Officials said the ringleaders were two notorious London-based preachers: Atilla Ahmet, who once said in a CNN interview he was "the No. 1 al-Qaida in Europe," and Mohammed Hamid, who gave himself the nickname "Osama bin London."

Ahmet is a longtime aide of radical preacher Abu Hamza al-Masri — an Egyptian whom the U.S. is attempting to extradite over plans to set up terror camps in Oregon.

Hamid, originally from Tanzania, hand-picked recruits from mainstream mosques, inviting them for radical meetings at his home and then selecting a smaller number to attend the camps.

The two men will be sentenced at a court hearing next month.

Ahmed told his trial that scores of tourists saw a training camp in Cumbria, northern England, in 2004. "They were kind of shocked at the big beards, but we spoke to them just to break the ice," he said.

Farmer Bruce Rowland, who rented a field to the men, told police he originally jokingly called the group "my Taliban" — before becoming concerned. At a paintballing center north of London, a female member of staff told officers how customers had laughed at the men.

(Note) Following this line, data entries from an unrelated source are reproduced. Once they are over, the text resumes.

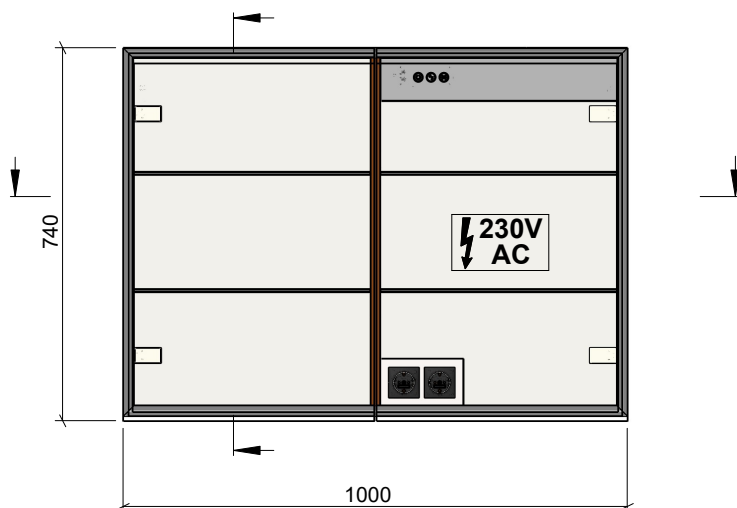

SERIENSPIEGELSCHRANK | STANDARD MIRROR CABINET

ART. BEZEICHNUNG | ART. DESIGNATION
MIRR6

ARTIKEL-NR. | ARTICLE-NO.
MIRR6-1000

MASSE | DIMENSIONS
1000 x 740 x 160 MM

GEWICHT | WEIGHT
29 KG

domovari

PFLEGEHINWEISE UND
MONTAGEANLEITUNGEN
FINDEN SIE AUF UNSERER
HOMEPAGE
CARE INSTRUCTIONS AND
ASSEMBLY INSTRUCTIONS
YOU WILL FIND IN OUR
HOMEPAGE
WWW.DOMOVARI.DE
+49 (0)2151/155090
MAIL@DOMOVARI.DE
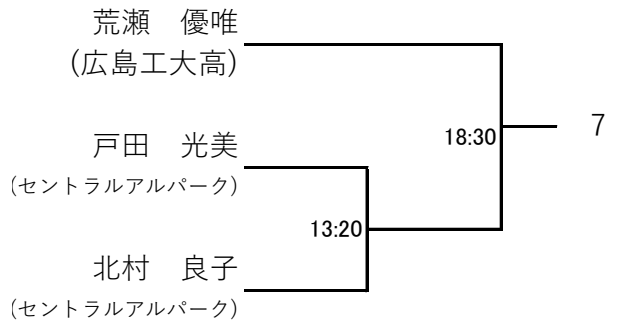

選手権男子本戦

選手権女子本戦(30日)

選手権男子予選(29日)

選手権女子予選(29日)

フレンド男子

フレンド女子(30日)

フレンド男子プレート(30日)

選手権男子プレート(30日)

フレンド女子プレート(30日)

選手権女子プレート(30日)

Hamid, prosecutors said, was candid about his hope that the recruits could dwarf the scale of the 2005 London bombings. He hoped they would carry out six or seven major attacks before London hosted the 2012 Olympics, prosecutors claimed.

"Fifty-two. That's not even breakfast for me," Hamid was recorded as saying on a bug installed in his home, referring to the number killed in the 2005 blasts.

One of Hamid's recruits was Muktar Said Ibrahim, who led the July 21 gang. The two had been arrested together in central London in 2004 as they handed out extremist leaflets.

A year later, Ibrahim and three accomplices attempted to set off bombs on three subway trains and a bus. Their devices failed, though police said tests proved the bombs were viable.

Dozens trained at Hamid's camps were hoping to carry out attacks, said a senior police official, who demanded anonymity to discuss counterterrorism work. "There was repeated talk of finding and killing nonbelievers," he said.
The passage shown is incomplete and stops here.